**DIRECTIONS**
Starting at the first line of the records and stopping at the line that contains "lift-rh. 1piece\_9", transcribe every line exactly and leave out the pictures.

[Stored entries]
==================================================

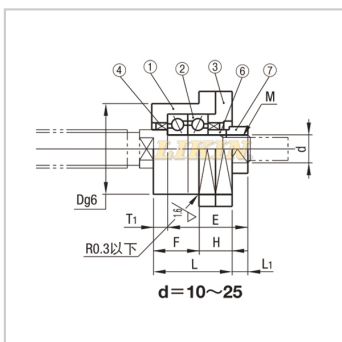

丝杆支撑座

丝杆支撑座FK-FK5

参数信息:

型号 :	FK5
主要尺寸(mm) :	
d :	5
L :	16.5
H :	6
F :	10.5
E :	18.5
D :	20
A :	34
P.C.D. :	26
B :	26
L1 :	5.5
T1 :	3.5
d1 :	3.4
d2 :	6.5
:	4
M(细牙螺纹) :	M5 × 0.5
T :	11
油封适用轴径 :	7.5
参考重量(kg) :	0.06
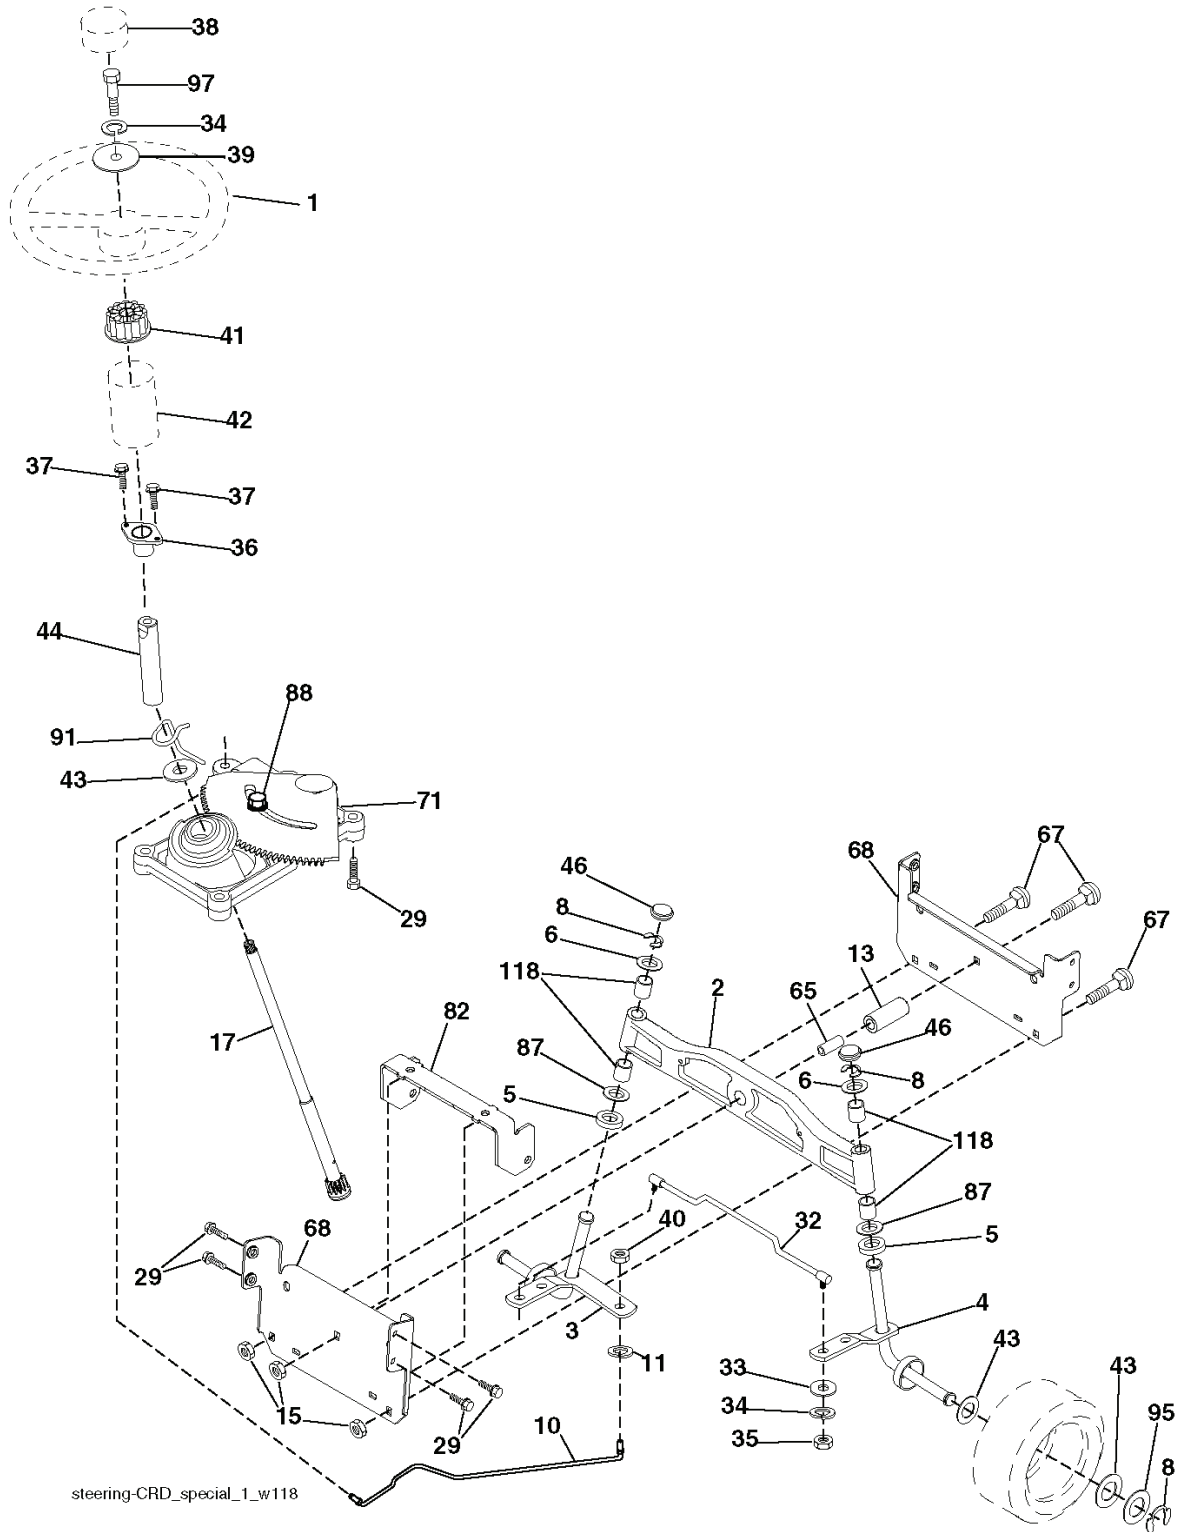

lift-rh. 1piece\_9

REF.	PART NO.	DESCRIPTION	REMARK	QTY.	KIT
1	532159460	WIRE		1	
2	532159471	LEVER		1	
3	532105767	PIN RETAINING SCREW		1	
4	812000002	RETAINER RING		1	
5	819211621	WASHER		1	
6	532120183	BEARING		1	
7	532125631	HANDLE		1	
8	532122365	PLUG		1	
11	532165829	ROD		1	
12	532165831	ROD		1	
13	532124670	RETAINER RING		1	
15	532173288	LINK		1	
16	873350800	NUT		1	
17	532175689	BRACKET		1	
18	873800800	NUT		1	
19	532139868	LEVER		1	
20	532194209	SPRING		1	
23	532110807	NUT		1	
24	819131016	WASHER		1	
25	532164024	SPRING		1	
26	532169484	PIN		1	
27	532164543	ROD		1	
28	873350600	NUT		1	
29	532138057	KNOB		1	
30	532150233	TRUNNION		1	
31	532169865	BEARING		1	
32	873540600	NUT		1	
36	532155097	INDICATOR		1	
37	532123935	PLUG		1	
38	817060516	SCREW		1	
40	819112410	WASHER		1	
41	532123934	INDICATOR		1	
49	532145212	NUT		1	
50	532110452	NUT		1	

03048

PTO SWITCH

POSITION	CIRCUIT
OFF	C + G, B + H
ON	C + F, B + E, A + D

RELAY

NON-REMOVABLE CONNECTIONS

REMOVABLE CONNECTIONS

seat\_lt.knob\_7(CRD)

---

REF.	PART NO.	DESCRIPTION	REMARK	QTY.	KIT
1	532188715	SIEGE CONDUCTEUR		1	
2	532140551	BRACKET		1	
3	871110616	SCREW		1	
4	819131610	WASHER		1	
5	532145006	CLIP		1	
6	873800600	NUT		1	
7	532124181	SPRING		1	
8	817000616	SCREW		1	
9	819131614	WASHER		1	
10	532195530	BERCEAU DE SIEGE CONDUCTEUR		1	
11	532166369	WING NUT		1	
12	532174648	BRACKET		1	
13	532121248	BUSHING		1	
14	872050412	BOLT		1	
15	532121249	SPACER		1	
16	532123740	SPRING		1	
17	532123976	LOCKNUT		1	
21	532171852	BOLT		1	
22	873800500	LOCK NUT		1	
24	819171912	WASHER		1	
25	532127018	BOLT		1

==================================================

**WRITTEN RESPONSE**
丝杆支撑座

丝杆支撑座FK-FK5

参数信息:

型号 :	FK5
主要尺寸(mm) :	
d :	5
L :	16.5
H :	6
F :	10.5
E :	18.5
D :	20
A :	34
P.C.D. :	26
B :	26
L1 :	5.5
T1 :	3.5
d1 :	3.4
d2 :	6.5
:	4
M(细牙螺纹) :	M5 × 0.5
T :	11
油封适用轴径 :	7.5
参考重量(kg) :	0.06

lift-rh. 1piece\_9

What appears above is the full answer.